EXTRACTED DATA:
----

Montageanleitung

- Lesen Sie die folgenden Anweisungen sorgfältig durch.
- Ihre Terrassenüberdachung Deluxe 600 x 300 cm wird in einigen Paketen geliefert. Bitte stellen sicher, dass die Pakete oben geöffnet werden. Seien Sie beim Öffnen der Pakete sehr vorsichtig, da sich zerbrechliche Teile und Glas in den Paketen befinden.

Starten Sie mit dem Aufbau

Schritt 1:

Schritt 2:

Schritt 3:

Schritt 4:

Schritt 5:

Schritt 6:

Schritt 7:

----

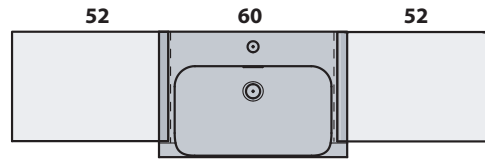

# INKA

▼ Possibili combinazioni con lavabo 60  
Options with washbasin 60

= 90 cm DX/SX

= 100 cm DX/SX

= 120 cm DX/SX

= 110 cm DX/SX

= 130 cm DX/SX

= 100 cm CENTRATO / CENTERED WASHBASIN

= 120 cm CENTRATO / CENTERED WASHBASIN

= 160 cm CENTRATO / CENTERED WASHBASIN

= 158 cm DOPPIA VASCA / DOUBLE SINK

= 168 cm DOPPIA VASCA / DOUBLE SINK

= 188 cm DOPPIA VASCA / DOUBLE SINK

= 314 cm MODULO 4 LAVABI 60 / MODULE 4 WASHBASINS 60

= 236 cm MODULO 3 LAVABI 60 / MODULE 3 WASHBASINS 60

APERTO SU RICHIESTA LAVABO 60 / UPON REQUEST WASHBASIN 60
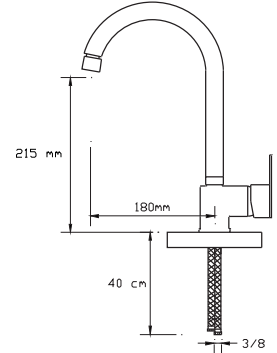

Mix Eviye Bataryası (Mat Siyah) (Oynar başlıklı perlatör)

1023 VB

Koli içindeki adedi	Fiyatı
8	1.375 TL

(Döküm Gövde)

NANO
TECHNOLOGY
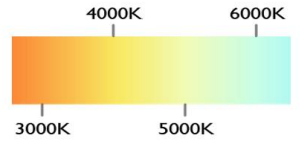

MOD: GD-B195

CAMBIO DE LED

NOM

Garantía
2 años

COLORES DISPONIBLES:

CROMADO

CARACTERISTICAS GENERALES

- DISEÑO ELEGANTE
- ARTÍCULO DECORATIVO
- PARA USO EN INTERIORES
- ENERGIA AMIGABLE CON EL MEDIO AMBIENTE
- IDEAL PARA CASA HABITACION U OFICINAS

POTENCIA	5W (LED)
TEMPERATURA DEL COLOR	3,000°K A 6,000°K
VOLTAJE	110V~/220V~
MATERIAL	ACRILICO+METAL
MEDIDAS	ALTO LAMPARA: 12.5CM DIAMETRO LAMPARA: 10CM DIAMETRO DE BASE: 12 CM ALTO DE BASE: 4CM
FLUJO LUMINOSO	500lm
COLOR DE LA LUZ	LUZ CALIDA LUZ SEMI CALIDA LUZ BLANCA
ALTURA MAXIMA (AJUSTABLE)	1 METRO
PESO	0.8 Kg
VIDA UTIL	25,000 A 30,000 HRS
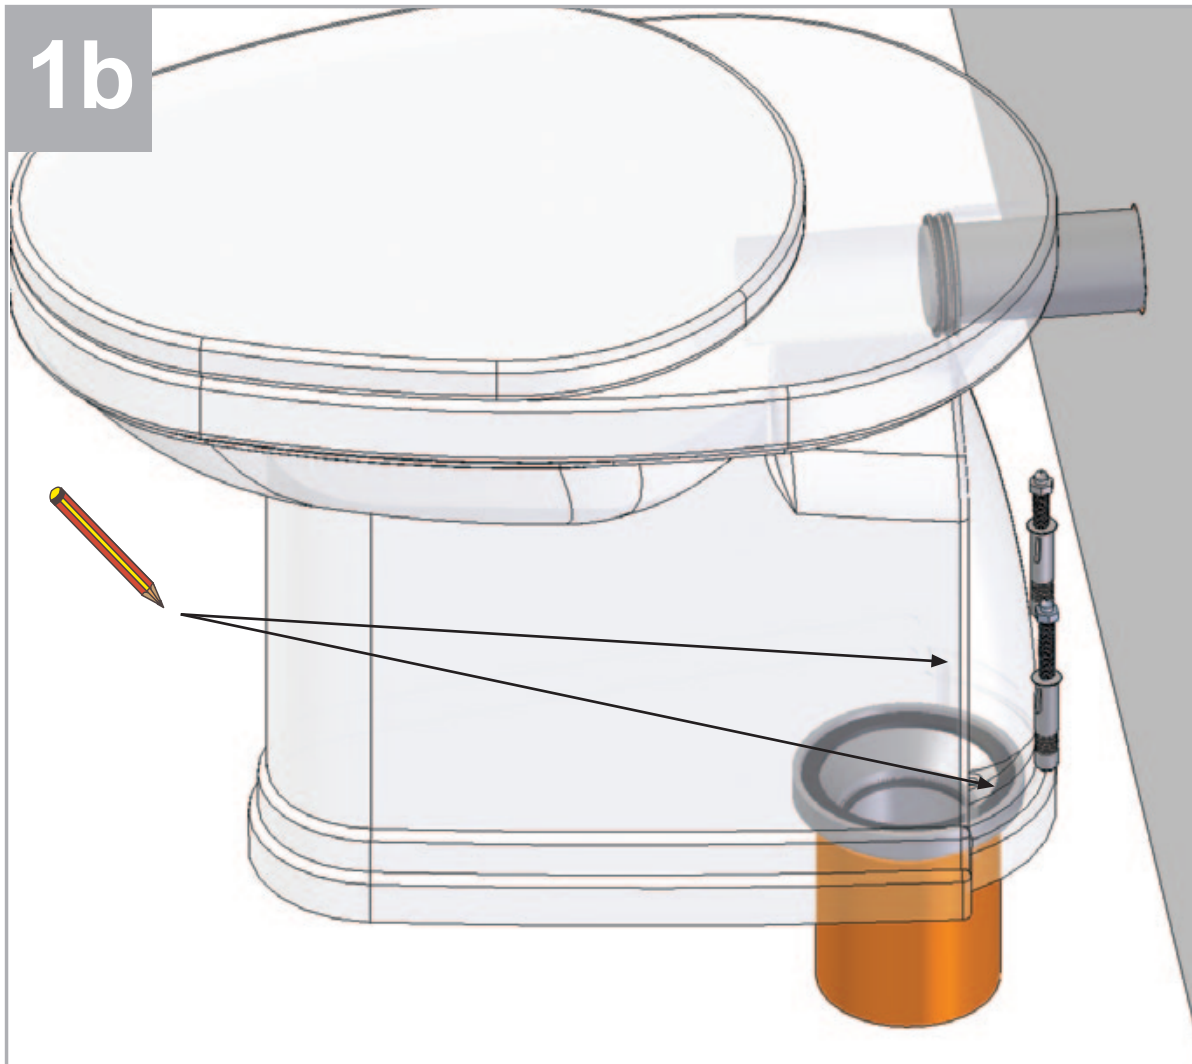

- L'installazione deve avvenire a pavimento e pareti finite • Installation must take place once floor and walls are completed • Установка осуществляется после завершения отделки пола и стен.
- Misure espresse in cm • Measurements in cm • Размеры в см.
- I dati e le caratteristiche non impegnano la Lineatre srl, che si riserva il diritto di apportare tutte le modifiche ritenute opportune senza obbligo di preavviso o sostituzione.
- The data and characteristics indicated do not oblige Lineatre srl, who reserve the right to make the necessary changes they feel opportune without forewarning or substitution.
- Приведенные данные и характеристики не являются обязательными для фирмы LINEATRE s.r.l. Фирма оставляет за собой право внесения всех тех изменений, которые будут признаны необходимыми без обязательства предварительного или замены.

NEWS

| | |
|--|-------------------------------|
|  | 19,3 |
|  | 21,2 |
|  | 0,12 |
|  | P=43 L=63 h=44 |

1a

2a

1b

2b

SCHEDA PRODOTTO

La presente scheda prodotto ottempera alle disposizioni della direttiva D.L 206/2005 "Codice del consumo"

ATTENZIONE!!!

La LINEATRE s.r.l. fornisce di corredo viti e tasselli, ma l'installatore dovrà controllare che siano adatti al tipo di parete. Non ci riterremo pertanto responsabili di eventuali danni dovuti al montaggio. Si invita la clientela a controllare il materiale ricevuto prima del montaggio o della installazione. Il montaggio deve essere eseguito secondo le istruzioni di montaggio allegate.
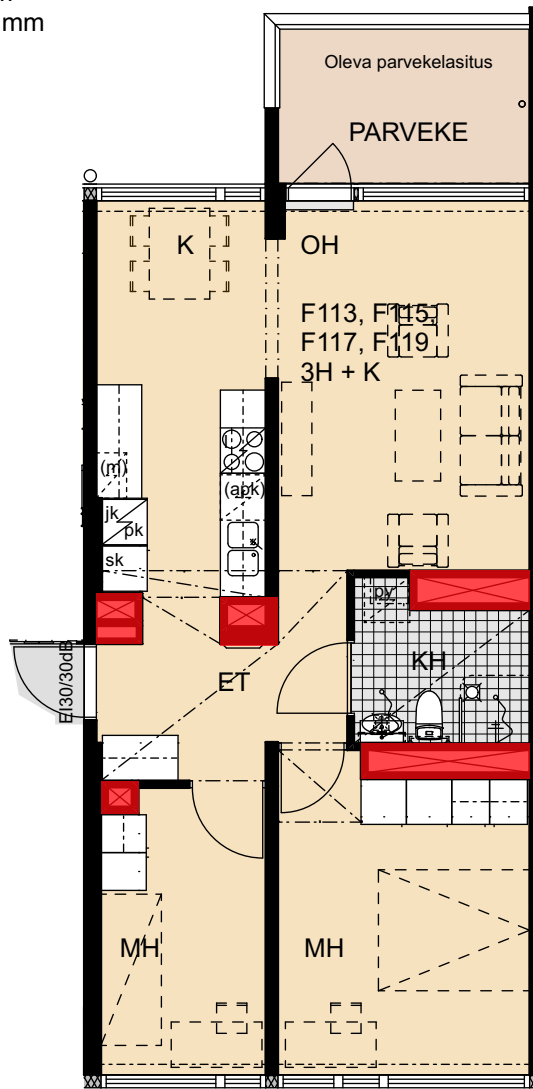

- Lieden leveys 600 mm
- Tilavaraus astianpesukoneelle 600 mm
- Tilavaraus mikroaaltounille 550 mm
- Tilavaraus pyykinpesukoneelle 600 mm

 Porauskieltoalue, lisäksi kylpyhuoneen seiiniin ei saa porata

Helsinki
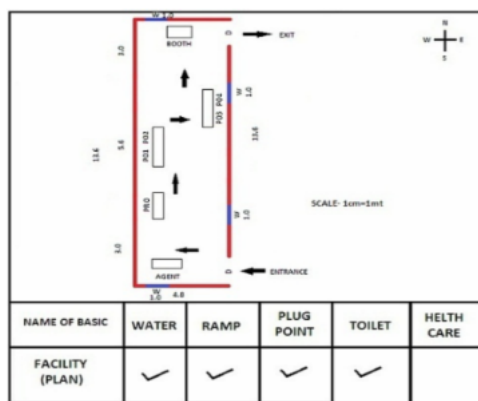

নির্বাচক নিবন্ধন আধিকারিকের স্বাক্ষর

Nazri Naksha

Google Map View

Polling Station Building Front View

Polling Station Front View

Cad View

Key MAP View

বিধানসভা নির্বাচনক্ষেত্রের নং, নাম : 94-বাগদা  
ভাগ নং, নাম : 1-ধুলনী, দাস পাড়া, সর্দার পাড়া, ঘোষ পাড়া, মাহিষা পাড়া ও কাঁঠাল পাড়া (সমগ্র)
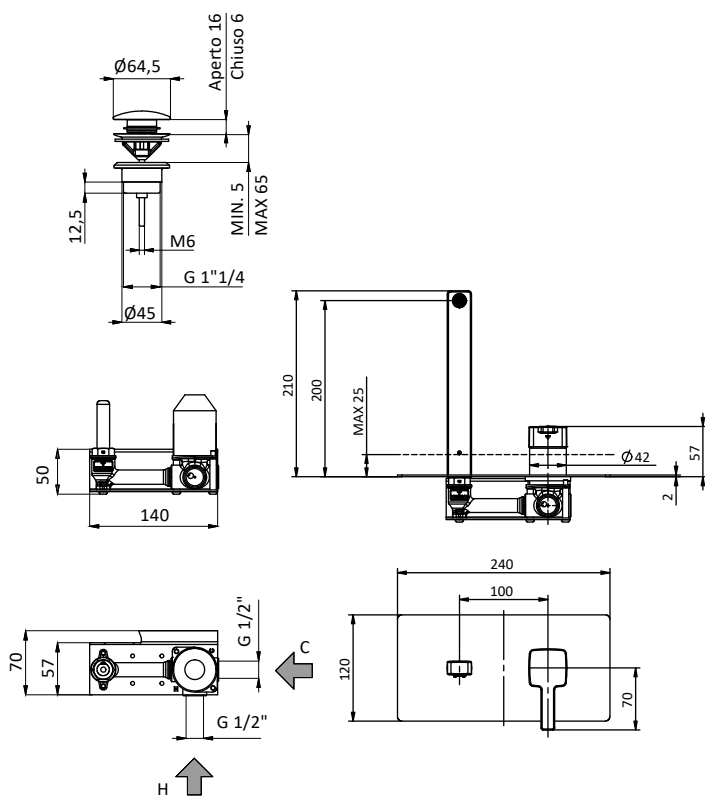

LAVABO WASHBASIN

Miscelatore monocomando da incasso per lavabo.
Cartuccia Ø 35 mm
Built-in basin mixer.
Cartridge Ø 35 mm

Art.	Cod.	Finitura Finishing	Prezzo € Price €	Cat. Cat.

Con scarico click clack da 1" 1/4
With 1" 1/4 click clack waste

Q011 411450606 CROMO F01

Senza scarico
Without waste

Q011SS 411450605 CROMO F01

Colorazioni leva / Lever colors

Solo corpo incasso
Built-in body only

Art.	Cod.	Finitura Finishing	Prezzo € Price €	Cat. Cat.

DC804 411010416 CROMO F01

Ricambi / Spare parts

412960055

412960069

----

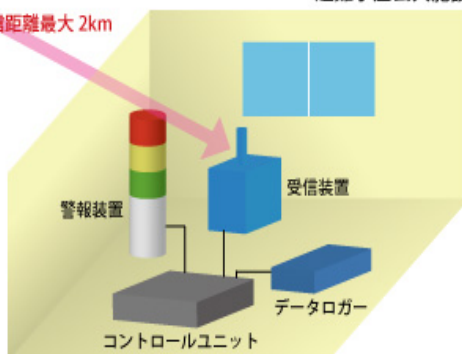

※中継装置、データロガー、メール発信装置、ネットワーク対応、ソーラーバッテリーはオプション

----

BRIEF: Please output the lines of the listing above that fall in the stretch from the one with "নির্বাচক নিবন্ধন আধিকারিকের স্বাক্ষর" through the one with "বিধানসভা নির্বাচনক্ষেত্রের নং, নাম", exactly and only those.

ANSWER TO THIS TASK:
নির্বাচক নিবন্ধন আধিকারিকের স্বাক্ষর

Nazri Naksha

Google Map View

Polling Station Building Front View

Polling Station Front View

Cad View

Key MAP View

বিধানসভা নির্বাচনক্ষেত্রের নং, নাম : 94-বাগদা  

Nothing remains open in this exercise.